===== DATA SUPPLIED
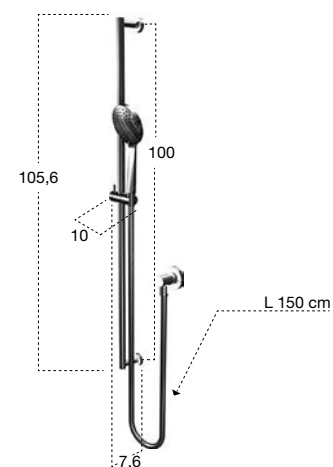

H	P	L	art.	
105,6	7,6	10	ASTA152SA	Acciaio Satinato / <i>Satin Stainless Steel</i>
105,6	7,6	10	ASTA152LU	Cromo Lucido / <i>Polished Chrome</i>

Doccetta biuso completa di asta scorrevole e presa acqua separata a parete con flessibile 150 cm.

Hand shower complete with bar and separate wall mount water intake with flexible hose 150 cm.
==========
(WORK ORDER): Would you return, unchanged, the lines from the one containing "<i>Satin Stainless Steel</i>" through the end of the entries?

(EXPECTED ANSWER):
105,6	7,6	10	ASTA152SA	Acciaio Satinato / <i>Satin Stainless Steel</i>
105,6	7,6	10	ASTA152LU	Cromo Lucido / <i>Polished Chrome</i>

Doccetta biuso completa di asta scorrevole e presa acqua separata a parete con flessibile 150 cm.

Hand shower complete with bar and separate wall mount water intake with flexible hose 150 cm.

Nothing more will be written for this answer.